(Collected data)

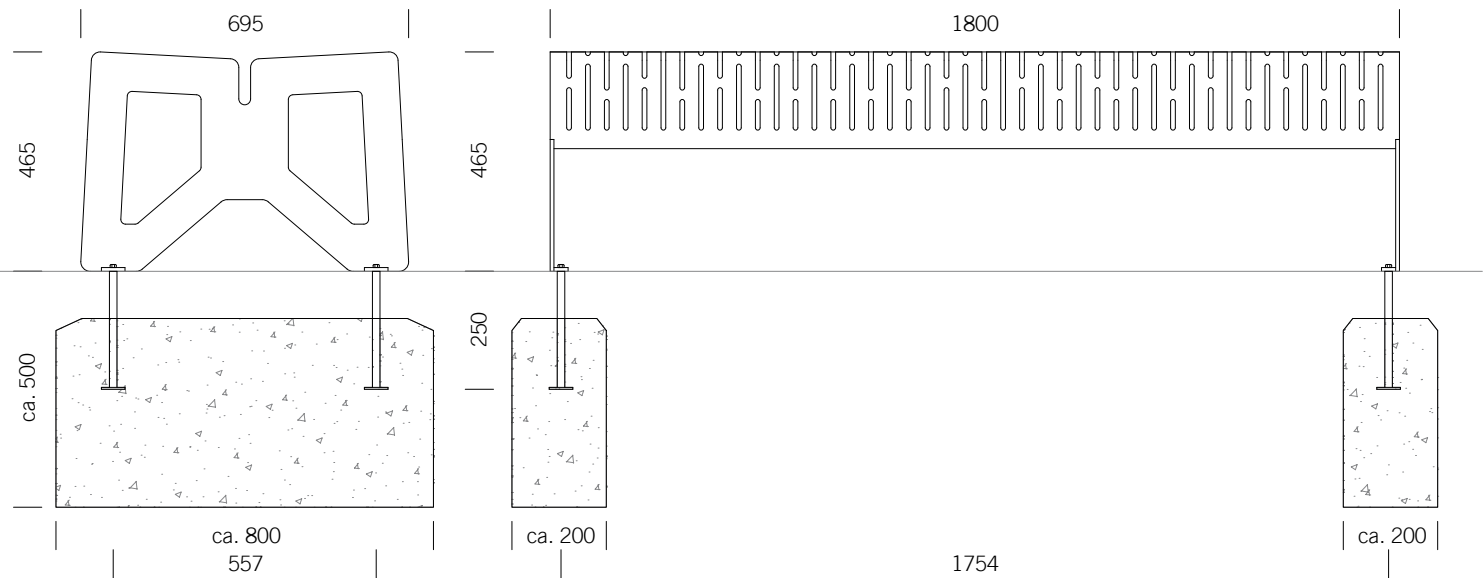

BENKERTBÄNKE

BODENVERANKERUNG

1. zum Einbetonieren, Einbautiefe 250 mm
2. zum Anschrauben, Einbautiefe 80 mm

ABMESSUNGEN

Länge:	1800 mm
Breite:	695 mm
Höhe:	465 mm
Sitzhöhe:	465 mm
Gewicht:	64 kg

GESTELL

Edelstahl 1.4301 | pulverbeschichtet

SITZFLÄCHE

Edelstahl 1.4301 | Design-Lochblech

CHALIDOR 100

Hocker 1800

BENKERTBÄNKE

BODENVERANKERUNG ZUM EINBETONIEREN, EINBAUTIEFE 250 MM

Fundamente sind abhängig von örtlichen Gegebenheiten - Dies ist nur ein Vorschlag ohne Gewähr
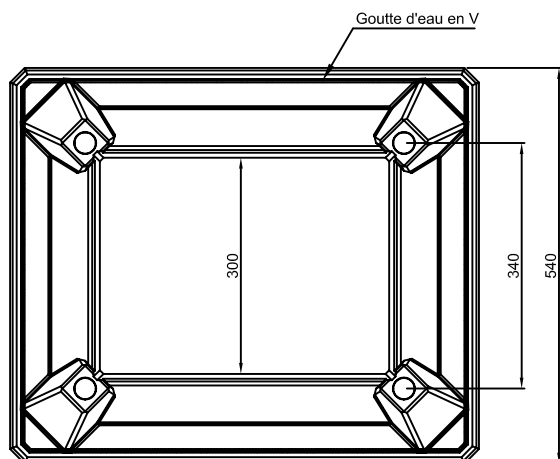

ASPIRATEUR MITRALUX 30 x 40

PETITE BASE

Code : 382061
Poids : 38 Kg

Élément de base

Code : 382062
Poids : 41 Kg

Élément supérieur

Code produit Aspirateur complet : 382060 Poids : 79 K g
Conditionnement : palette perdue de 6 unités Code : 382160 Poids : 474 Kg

**EXERCISE GOAL**
Print all records word for word, no images.

**TASK RESULT**
BENKERTBÄNKE

BODENVERANKERUNG

1. zum Einbetonieren, Einbautiefe 250 mm
2. zum Anschrauben, Einbautiefe 80 mm

ABMESSUNGEN

Länge:	1800 mm
Breite:	695 mm
Höhe:	465 mm
Sitzhöhe:	465 mm
Gewicht:	64 kg

GESTELL

Edelstahl 1.4301 | pulverbeschichtet

SITZFLÄCHE

Edelstahl 1.4301 | Design-Lochblech

CHALIDOR 100

Hocker 1800

BENKERTBÄNKE

BODENVERANKERUNG ZUM EINBETONIEREN, EINBAUTIEFE 250 MM

Fundamente sind abhängig von örtlichen Gegebenheiten - Dies ist nur ein Vorschlag ohne Gewähr

ASPIRATEUR MITRALUX 30 x 40

PETITE BASE

Code : 382061
Poids : 38 Kg

Élément de base

Code : 382062
Poids : 41 Kg

Élément supérieur

Code produit Aspirateur complet : 382060 Poids : 79 K g
Conditionnement : palette perdue de 6 unités Code : 382160 Poids : 474 Kg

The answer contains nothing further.